When Fr. Aldo completed the novitiate and took first vows, he received a letter of appointment to Portugal. On 13 October, 1961, after making a pilgrimage to Fatima, he set out for Faleiro, the “place where he would leave his heart”.
Unfortunately, Fr. Aldo’s life was completely conditioned by his health problems. There were periods of intense work in which he gave his all without sparing himself, marked by extreme euphoria, only to be followed by periods of unexpected and extreme exhaustion. He himself recounts: “To tell the truth, I did not need any goading to make me work but held back somewhat so as not to become exhausted and unable to work. In order to go to the most difficult area, that of the mountainous region of Tras os Montes, I had to cross four valleys up to the border with Spanish Galicia and travel a further 300 Km. … I should have taken my limits into account and just do what was necessary to keep the house going and then everything would have gone smoothly”.
In the meantime, he had been appointed to Mozambique, but, instead of preparing his departure, he continued to throw himself into the work as he always did. And each time he became exhausted due to overwork. Once, in the middle of the night, the confreres had to call an ambulance and have him taken to hospital. After two weeks he recovered quite well and was sent to Italy. “As soon as I returned to Italy I was full of euphoria as I thought my illness was all over”.
Fr. Aldo was sent to be part of the Comboni community of Thiene (Vicenza province). After an initial period of “parking”, the superior thought it best to give him a chance of a fresh start and sent him to the parishes to do Mission Appeals. Whether in snow, fog, rain or fine weather, he travelled the dioceses of Padua, Modena, Bologna, Vicenza and Belluno, searching for new commitments. All went well and he was esteemed by the confreres.
The time came when Fr. Gaetano Briani, Superior General, seeing that he was now stabilised, invited him again to prepare to leave for Mozambique. Fr. Aldo spoke happily of his imminent departure and began to collect funds for some projects in Mozambique... but he was once more hospitalised for twenty four days. The provincial, who assumed responsibility to have him leave, signing the register, told him that from then on he would no longer form part of the community of Thiene but of that of Verona, the Mother House.
He was later sent to Milano where he made contact with Mons. Rossi, the bishop of the health workers and was assigned to the maternity department of Mangiagalli hospital. There he began to hold meetings, in the Aula Magna, with all the health workers, including assistants and kitchen staff, on the occasion of the Christmas festivities, following the themes of the Council document Gaudium et Spes. With very good results.
“From 1990 onwards – he wrote – I went here and there, through highs and lows, in and out of hospital of Borgo Trento in Verona. It was not easy to find any equilibrium using medicine and I seemed to be moving from side to side like a pendulum.
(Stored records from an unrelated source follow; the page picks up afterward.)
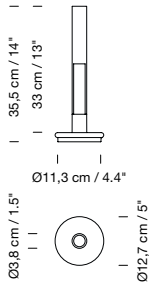

1974

Sylvestrina

Jordi Garcés, Enric Soria

Description

Transparent Pyrex glass lampshade. White translucent diffuser. Glossy black metal base.

Code

SYLTA01

ex-VAT

395 €

Lithium battery.

Switch incorporated into the luminaire with 2 levels of intensity.

Power Range:

- 7h on high power

- 14h on minimum power

Includes contact charger.

Battery charging time: 5h.

Light source included (dimmable):

LED bulb: (S&C DC bulb) 1 W

1972
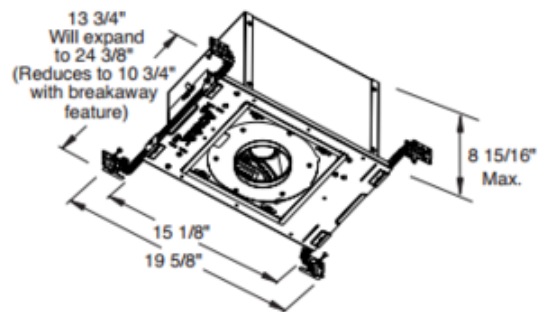

COMPANY	PROJECT	FIXTURE TYPE	APPROVED BY	DATE
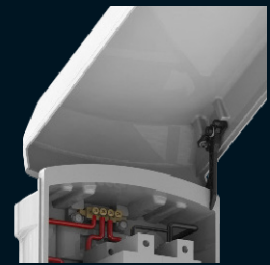

**Weather & UV Resistant**  
(25 Year outdoor life)

**Built in door stay**

**Flame Retardant**

**IP Level: 45**

**IK Level: 9**

**Wall and Pole mount**  
(No Bracket required)

**Durable GRP Material**

**Available in 4 sizes**

**Pad-lockable**  
\* Fits padlock size 262 - 264. Sizes may vary according to make.

Part Number	Description	H (mm)	W (mm)	D (mm)
040-903	TILT 3	350	218	136
040-904	TILT 5	350	310	136
040-905	TILT 6	480	355	149
040-934	TILT 7	550	500	150

However, this movement gradually lessened”.
In 1994 he was civilly registered as an invalid. After that he was relatively better with regular medical check-ups and maintaining a good degree of equilibrium. He died in Verona, where he had spent 24 years, on 3 February, 2015.
We conclude this brief biography with his own words written at the end of his autobiography: “Regarding my life as a missionary under the weight of the cross of sickness, I feel I have walked the road of Calvary with Jesus and to have been a missionary. This, too, is mission, and, I would say, Mission with a capital M”.
Da Mccj Bulletin n. 266 suppl. In Memoriam, gennaio 2016, pp. 9-15.